Buddy-movie Tech Entrepreneurs
After a decade laboring for others in Silicon Valley, two Berkeley Engineering alumni — Farshad Ghaffari at left and Sid Yenamandra — friends since college, started their own company.
CLIENT
Berkeley Engineering — School of Engineering at the University of California, Berkeley
ASSIGNMENT
Wrote and photographed article for Berkeley Engineering, the school’s e-newsletter.
“The reason we are where we are now is because it’s ‘two for the journey’ as opposed to just one,”
says Yenamandra, 37, who along with Ghaffari, 38, co-founded Entreda in 2011. Their company offers a cloud-based package of IT applications, including data backup, wifi, networking, storage and cybersecurity.
Fittingly, in their office overlooking downtown San Mateo, California, these computing comrades sit at twin desks. They say that this year, their 15-employee company is on track to break even for the first time, with a sales pipeline in the $5 to $10 million range.

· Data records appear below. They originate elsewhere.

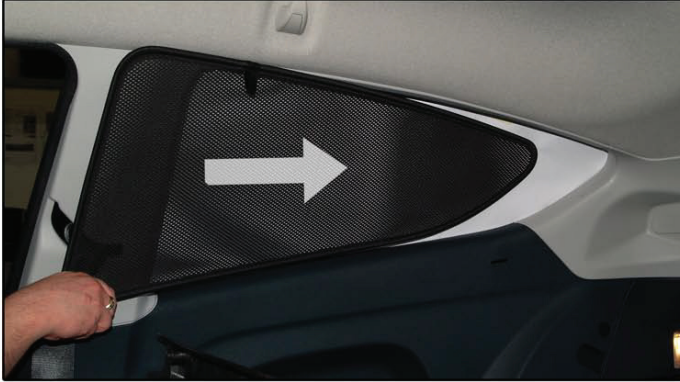

Installation

FORD FIESTA 3DR

FOR-FIES-3-B

SIDE SHADE INSTALLATION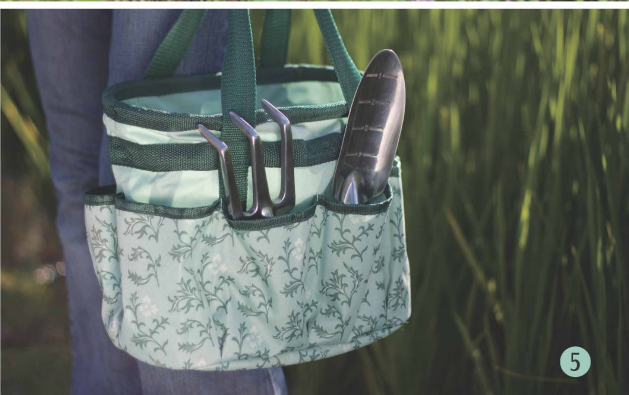

17 300ml Sprayer
item 5330

18 4pc Kids Tool Set
item 0086
Including:
5330, 1pc 300ml Sprayer
2942, 2pc Plastic Tools
6059, 1pc Garden Bag

1

2

3

4

5

6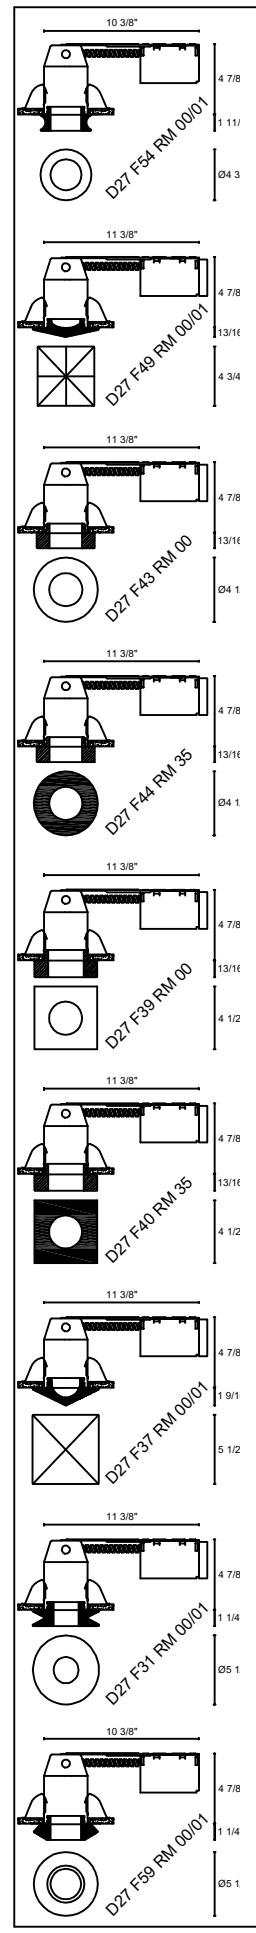

Proceed with assembling following the operations in progressive numerical order.
 Il faut procéder a le montage exécutant les operatoinis par l'ordre numerique progressif.

The safety of the appliance is granted only if it is properly used according to the following instructions. Which are to be kept.

Always disconnect from the power supply before installing or performing any maintenance operations.

La sécurité de cet appareil n'est garantie que si l'on respecte les instructions suivantes

RM Ø94mm
 Ø3 11/16"

D27 F49 RM 00/01-F43 RM 00-F44 RM 35
 F39 RM 00 -F31 RM 00/01-F54 RM 00/01
 F40 RM 35-F37 RM 00/01-F59 RM 00/0-
 (LED 500mA 16W)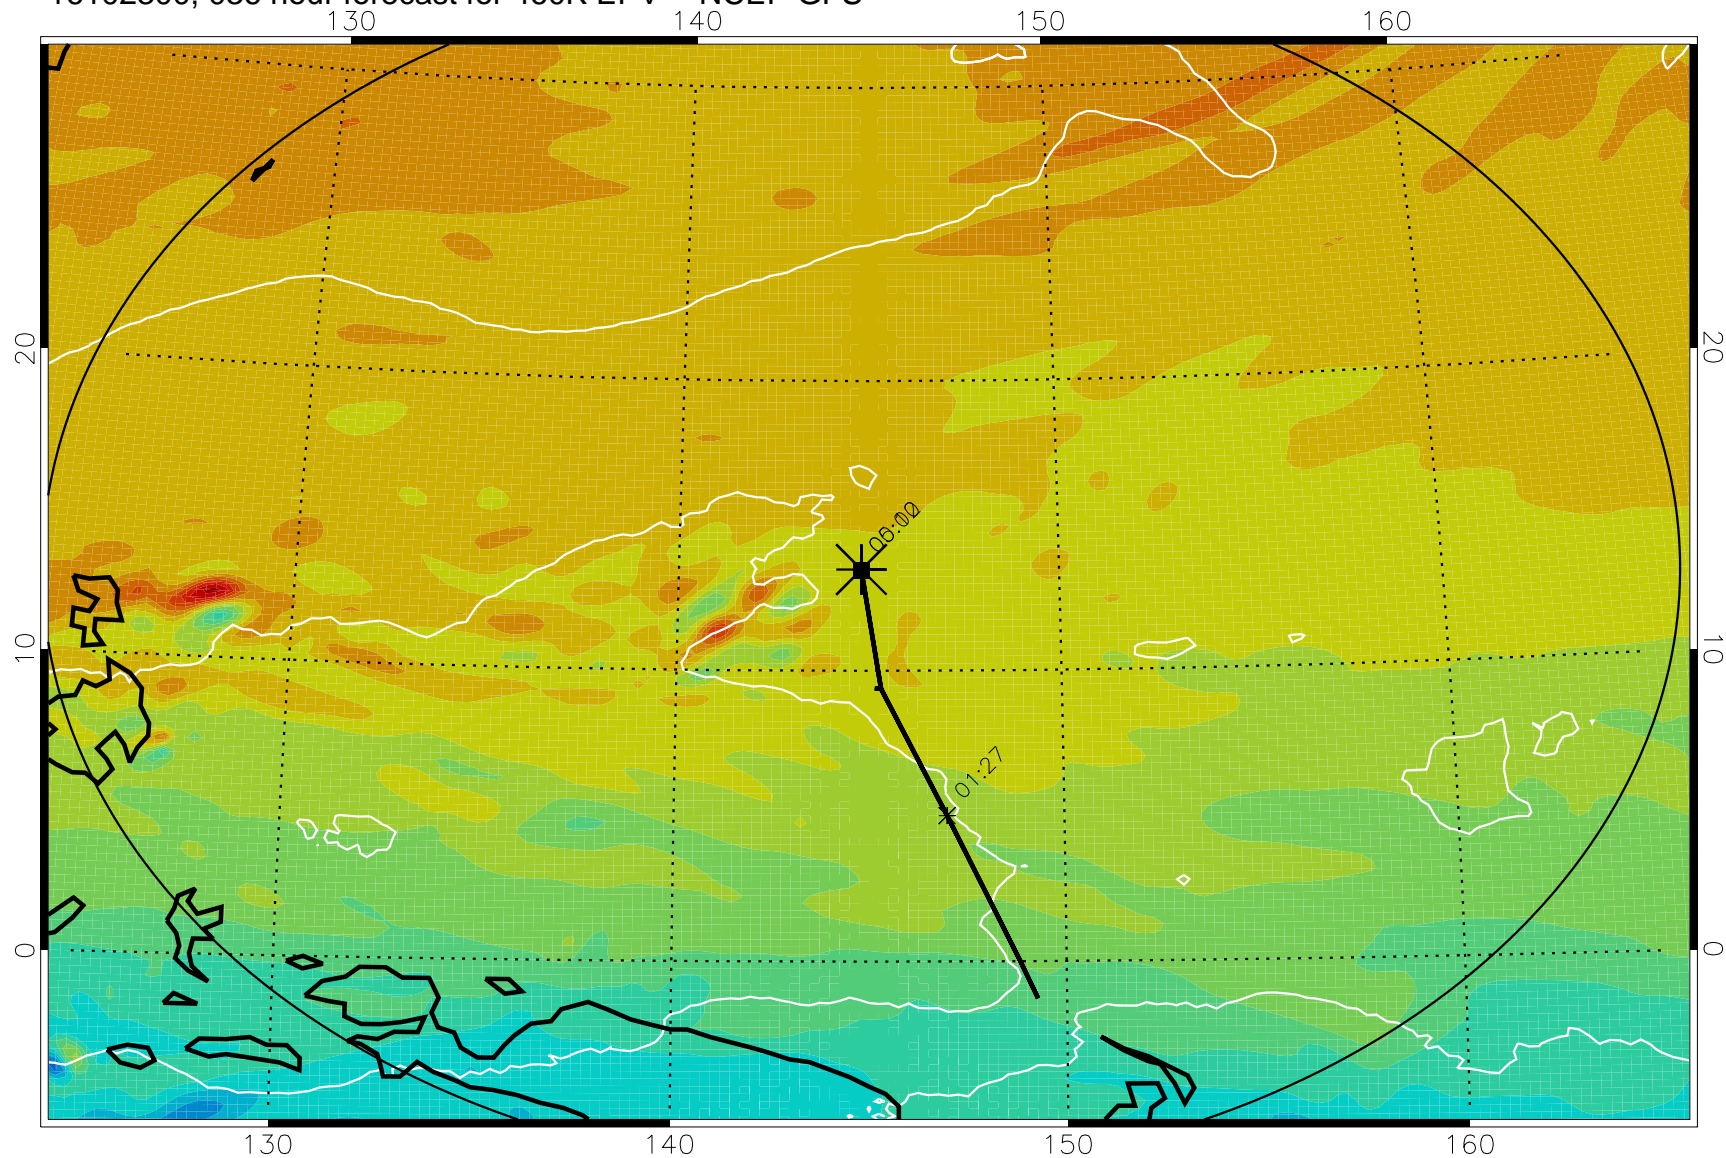

16102218, 030 hour forecast for 460K EPV -- NCEP GFS

460K Montgomery Streamfunction, white

Range ring of 2304 km

16102300, 036 hour forecast for 460K EPV -- NCEP GFS

460K Montgomery Streamfunction, white

Range ring of 2304 km

16102306, 042 hour forecast for 460K EPV -- NCEP GFS

460K Montgomery Streamfunction, white

Range ring of 2304 km

16102312, 048 hour forecast for 460K EPV -- NCEP GFS

460K Montgomery Streamfunction, white

Range ring of 2304 km

16102318, 054 hour forecast for 460K EPV -- NCEP GFS

460K Montgomery Streamfunction, white

Range ring of 2304 km

16102400, 060 hour forecast for 460K EPV -- NCEP GFS

16102406, 066 hour forecast for 460K EPV -- NCEP GFS

460K Montgomery Streamfunction, white

Range ring of 2304 km

16102412, 072 hour forecast for 460K EPV -- NCEP GFS

460K Montgomery Streamfunction, white

Range ring of 2304 km

16102418, 078 hour forecast for 460K EPV -- NCEP GFS

Right now, they are bubbling with excitement about the prospects for Unify, an integrated IT software suite they designed for small businesses.
Their product has been gaining traction with registered investment advisors, who nationally manage more than $2 trillion in assets. Unify aims to do for financial services firms what credit card fraud-detection systems do for companies like Visa and Mastercard.